The water was still boiling. Jack had his gun out, aimed at the lakeside, but there was nothing to see. Algae swilled around his feet, and in the mud Gwen saw the pit bull’s head staring out at her from where it had fallen.
The torchlight picked out a wide stream of red in the murky water, and the dog’s owner finally realised what had happened. ‘God almighty! It’s taken his head off!’
‘Get back!’ Jack ordered.
But the dog’s owner was staring in mute, wide-eyed incomprehension at the dead animal at his feet. ‘Karlo?’
Jack grabbed the man by the scruff of the neck and dragged him away from the edge of the lake. ‘I said get back!
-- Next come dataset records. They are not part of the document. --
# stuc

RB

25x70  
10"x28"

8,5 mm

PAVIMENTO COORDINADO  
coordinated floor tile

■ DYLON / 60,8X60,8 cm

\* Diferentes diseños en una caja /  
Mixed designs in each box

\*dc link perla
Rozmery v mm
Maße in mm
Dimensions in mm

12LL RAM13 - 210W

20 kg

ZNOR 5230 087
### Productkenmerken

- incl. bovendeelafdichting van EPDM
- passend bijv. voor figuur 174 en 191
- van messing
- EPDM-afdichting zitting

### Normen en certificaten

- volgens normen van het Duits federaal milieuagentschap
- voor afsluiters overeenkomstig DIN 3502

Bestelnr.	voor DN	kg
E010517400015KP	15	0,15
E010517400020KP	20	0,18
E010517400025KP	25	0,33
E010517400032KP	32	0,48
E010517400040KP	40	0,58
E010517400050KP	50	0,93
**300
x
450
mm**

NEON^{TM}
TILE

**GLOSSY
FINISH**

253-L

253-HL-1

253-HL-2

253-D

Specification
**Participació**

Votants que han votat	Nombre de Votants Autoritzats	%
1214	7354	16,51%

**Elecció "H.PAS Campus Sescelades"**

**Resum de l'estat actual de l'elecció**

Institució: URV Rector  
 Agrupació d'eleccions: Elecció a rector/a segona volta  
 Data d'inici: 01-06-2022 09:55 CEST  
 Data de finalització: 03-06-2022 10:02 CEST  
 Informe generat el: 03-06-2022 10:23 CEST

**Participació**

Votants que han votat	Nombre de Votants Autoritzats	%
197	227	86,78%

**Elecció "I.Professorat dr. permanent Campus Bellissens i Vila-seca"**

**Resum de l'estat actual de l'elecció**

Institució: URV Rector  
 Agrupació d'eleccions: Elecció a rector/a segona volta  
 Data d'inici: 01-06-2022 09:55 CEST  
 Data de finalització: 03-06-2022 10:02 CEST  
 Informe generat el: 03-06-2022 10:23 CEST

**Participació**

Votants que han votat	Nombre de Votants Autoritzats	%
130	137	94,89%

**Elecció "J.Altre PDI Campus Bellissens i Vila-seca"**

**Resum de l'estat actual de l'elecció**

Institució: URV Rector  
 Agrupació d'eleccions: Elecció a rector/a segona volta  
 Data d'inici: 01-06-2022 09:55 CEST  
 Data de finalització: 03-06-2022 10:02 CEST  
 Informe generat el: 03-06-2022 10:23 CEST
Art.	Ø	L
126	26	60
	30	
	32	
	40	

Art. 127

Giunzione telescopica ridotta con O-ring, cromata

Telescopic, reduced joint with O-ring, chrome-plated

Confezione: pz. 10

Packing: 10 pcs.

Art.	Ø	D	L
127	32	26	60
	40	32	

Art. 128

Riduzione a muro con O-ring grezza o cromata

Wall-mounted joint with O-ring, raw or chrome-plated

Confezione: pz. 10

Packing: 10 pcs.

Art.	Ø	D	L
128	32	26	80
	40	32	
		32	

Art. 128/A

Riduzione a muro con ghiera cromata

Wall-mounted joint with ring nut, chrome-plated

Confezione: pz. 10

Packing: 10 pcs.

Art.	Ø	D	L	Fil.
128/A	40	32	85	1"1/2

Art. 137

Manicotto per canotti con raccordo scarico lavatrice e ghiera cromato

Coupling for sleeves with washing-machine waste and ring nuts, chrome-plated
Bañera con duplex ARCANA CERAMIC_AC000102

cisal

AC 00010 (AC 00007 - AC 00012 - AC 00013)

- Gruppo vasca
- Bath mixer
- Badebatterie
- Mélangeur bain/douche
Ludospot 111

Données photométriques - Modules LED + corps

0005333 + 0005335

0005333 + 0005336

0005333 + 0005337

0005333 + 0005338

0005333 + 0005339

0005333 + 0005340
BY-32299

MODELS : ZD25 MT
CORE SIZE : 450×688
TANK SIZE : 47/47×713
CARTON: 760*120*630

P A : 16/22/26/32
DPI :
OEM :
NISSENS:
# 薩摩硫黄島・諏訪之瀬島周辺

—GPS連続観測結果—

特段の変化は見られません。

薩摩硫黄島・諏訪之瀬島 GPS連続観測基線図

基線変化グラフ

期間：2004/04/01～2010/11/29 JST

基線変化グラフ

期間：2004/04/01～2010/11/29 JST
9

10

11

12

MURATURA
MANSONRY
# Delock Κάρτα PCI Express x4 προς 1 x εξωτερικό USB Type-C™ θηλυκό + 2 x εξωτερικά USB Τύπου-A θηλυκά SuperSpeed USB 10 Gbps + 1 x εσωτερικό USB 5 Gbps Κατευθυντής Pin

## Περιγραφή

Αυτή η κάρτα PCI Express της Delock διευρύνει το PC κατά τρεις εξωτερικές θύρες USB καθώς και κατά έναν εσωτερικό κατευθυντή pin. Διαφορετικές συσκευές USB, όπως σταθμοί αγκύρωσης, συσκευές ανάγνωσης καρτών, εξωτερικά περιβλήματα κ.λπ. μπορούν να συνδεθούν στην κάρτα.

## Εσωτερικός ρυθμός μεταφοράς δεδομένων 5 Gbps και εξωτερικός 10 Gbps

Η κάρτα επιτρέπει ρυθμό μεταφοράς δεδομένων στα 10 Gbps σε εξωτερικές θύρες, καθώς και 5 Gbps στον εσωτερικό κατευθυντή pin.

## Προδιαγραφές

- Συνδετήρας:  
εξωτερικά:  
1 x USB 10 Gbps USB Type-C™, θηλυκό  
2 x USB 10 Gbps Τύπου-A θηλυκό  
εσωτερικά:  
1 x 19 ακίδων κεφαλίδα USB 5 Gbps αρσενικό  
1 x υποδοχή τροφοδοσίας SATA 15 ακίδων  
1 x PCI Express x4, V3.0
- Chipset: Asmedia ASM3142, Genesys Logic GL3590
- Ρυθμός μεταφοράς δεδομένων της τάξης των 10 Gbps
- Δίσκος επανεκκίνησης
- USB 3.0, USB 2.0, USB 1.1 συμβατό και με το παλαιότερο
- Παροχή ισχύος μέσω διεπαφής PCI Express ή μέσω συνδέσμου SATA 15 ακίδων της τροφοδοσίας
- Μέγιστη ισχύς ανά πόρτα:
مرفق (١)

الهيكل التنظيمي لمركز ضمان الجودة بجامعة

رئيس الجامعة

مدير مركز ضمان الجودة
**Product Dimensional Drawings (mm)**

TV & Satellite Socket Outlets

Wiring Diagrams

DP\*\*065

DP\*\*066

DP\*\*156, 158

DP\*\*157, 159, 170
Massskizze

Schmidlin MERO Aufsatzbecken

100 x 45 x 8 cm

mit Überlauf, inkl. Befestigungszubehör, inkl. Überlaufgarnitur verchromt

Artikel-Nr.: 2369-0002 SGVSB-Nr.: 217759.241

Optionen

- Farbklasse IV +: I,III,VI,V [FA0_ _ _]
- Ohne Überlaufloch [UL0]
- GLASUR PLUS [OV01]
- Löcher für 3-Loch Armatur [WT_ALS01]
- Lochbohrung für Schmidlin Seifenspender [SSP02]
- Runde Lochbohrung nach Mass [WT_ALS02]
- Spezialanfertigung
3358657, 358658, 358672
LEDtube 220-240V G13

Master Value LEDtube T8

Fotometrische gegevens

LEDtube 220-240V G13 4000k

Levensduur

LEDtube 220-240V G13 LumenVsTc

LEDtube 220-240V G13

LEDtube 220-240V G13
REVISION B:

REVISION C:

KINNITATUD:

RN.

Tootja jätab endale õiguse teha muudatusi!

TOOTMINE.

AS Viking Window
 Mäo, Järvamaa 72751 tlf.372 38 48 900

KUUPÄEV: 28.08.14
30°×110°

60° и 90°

Keep away from the water!’
‘What the hell was it?’
‘Well I don’t know!’ yelled Jack. ‘D’you want to go back and take a closer look?’
The
man shook his head, then turned quickly away and vomited.
Gwen ran back to where Jack stood at the lakeside, scanning the swirling green surface for any signs of life. ‘Don’t get too close,’ she warned. ‘Did you see what it was?’
‘No. Did you?’
‘Too fast, just a blur,’ she replied. She tried to speak quietly and calmly, to control her racing pulse and natural inclination to panic, fighting down the desire to keep away from the edge of the lake. ‘Think the dog had the best view.’
Jack had his gun trained on the water. ‘Didn’t even see which way it went.’
The dog’s owner was walking back towards the lake in a daze. Gwen saw his blinking, disbelieving eyes and recognised the look of a man shocked into a silence that was about to erupt in fury. She could see the spark lurking in his dark eyes as he glared purposefully at Jack.
‘Did you do that?’ the man said, somewhat unreasonably.
Jack didn’t even spare him a glance. ‘Easy, fella. We don’t know what happened yet.’
The man stepped up, close, squaring his shoulders, legs apart. He jabbed a thick finger at the remains of the pit bull. ‘Have you seen that? Have you?’
Jack nodded. ‘Kinda hard to miss.’
The man balled a fist, cocking his arm ready to throw the punch, but Jack had seen it coming five seconds before and put the idiot on his backside with one meaty left hook.
‘Forget it,’ Jack said as the man sprawled in the mud. ‘I’m not in the mood.’
The man touched his lip, found it bleeding, and began to get up. It was impossible to tell whether he was going to admit defeat or have another shot but, with a sudden cry of alarm, he fell down again. For a moment, Gwen thought he had simply slipped in the wet mud, but then she realised that he was being dragged into the lake feet first.
Gwen and Jack saw it clearly. Two long, thin arms reached up out of the water, trailing wet, green weeds and grabbed the man around the neck. Bony, twig-like fingers closed around his throat and pulled, hard. Jack didn’t know whether to shoot or not – he had the gun trained on the lake, but he was worried he might hit the man if he fired.